■ **What the exercise asks**:
Every line below that holds the word "External" must be listed.

■ **Data to process**:
_ _ _ _

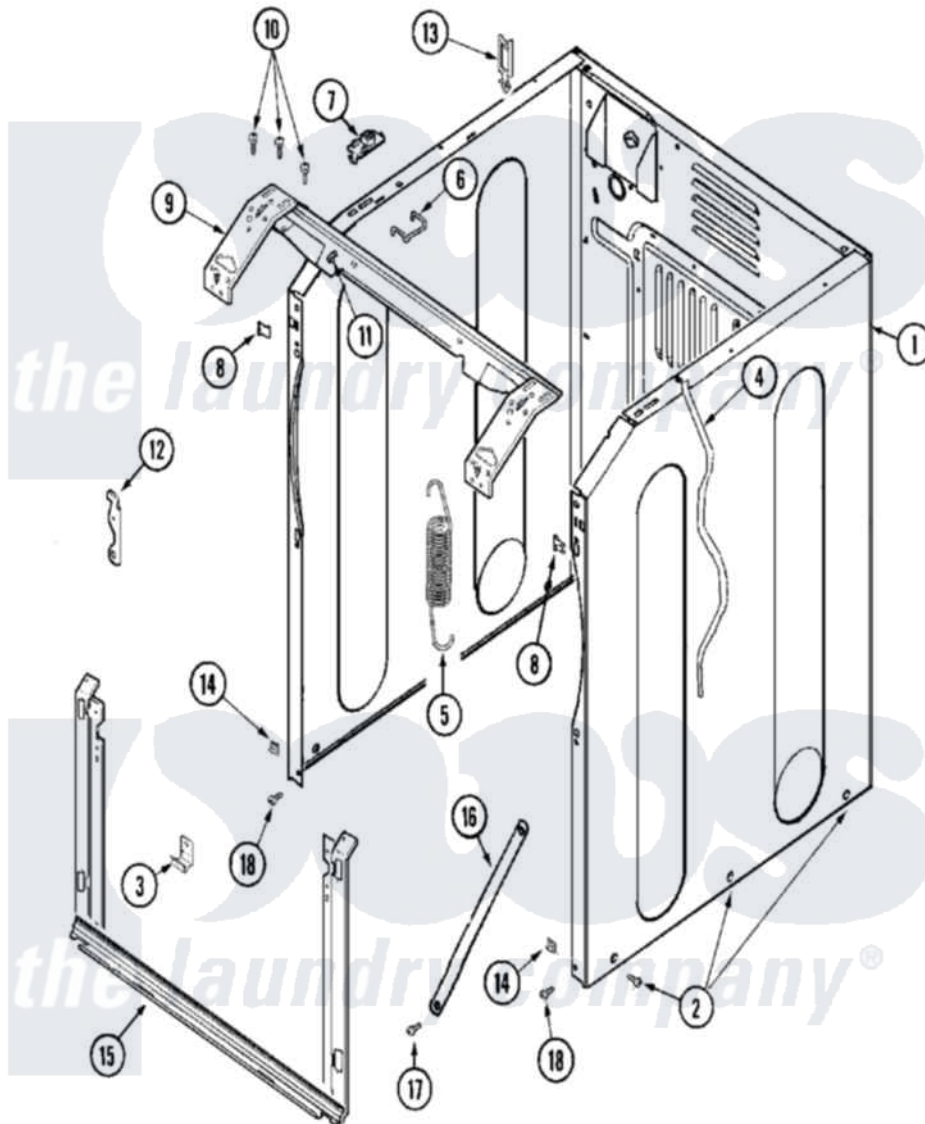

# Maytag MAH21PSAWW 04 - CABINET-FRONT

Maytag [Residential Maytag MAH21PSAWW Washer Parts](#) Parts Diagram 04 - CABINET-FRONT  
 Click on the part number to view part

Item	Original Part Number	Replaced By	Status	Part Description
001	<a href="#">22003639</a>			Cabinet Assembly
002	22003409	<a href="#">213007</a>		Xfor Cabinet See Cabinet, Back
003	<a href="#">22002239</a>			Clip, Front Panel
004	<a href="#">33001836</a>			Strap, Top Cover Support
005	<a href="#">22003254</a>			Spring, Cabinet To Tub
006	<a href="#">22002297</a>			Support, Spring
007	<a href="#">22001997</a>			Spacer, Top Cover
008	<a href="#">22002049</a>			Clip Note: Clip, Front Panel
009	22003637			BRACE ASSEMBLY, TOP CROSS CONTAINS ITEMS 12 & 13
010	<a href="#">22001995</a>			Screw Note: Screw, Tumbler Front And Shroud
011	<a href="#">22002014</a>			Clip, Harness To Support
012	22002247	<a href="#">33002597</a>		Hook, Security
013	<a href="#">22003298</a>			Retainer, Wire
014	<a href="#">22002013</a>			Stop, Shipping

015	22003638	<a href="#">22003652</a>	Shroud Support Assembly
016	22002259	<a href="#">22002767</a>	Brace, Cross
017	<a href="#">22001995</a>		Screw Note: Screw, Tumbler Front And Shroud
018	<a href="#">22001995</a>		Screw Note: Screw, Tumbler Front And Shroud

_ _ _ _

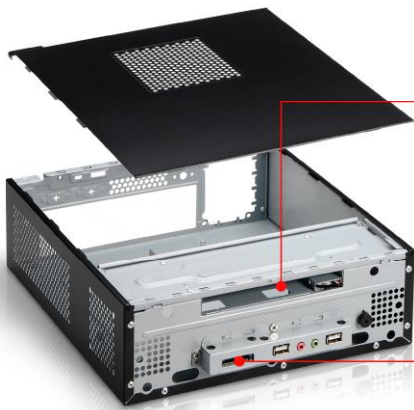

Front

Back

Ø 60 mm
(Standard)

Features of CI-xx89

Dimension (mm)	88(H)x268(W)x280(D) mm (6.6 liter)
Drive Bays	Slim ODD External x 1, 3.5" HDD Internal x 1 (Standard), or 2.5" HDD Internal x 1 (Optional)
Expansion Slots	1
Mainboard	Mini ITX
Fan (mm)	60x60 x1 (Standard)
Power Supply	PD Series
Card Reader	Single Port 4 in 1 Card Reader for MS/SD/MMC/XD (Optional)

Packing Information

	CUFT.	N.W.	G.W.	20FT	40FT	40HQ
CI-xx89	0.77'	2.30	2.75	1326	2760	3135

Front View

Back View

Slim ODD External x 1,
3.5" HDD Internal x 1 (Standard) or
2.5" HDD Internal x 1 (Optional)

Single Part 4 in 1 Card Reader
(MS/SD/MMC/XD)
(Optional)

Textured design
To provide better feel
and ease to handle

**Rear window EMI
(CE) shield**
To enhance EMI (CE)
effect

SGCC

_ _ _ _

■ **Task result**:
Drive Bays	Slim ODD External x 1, 3.5" HDD Internal x 1 (Standard), or 2.5" HDD Internal x 1 (Optional)
Slim ODD External x 1,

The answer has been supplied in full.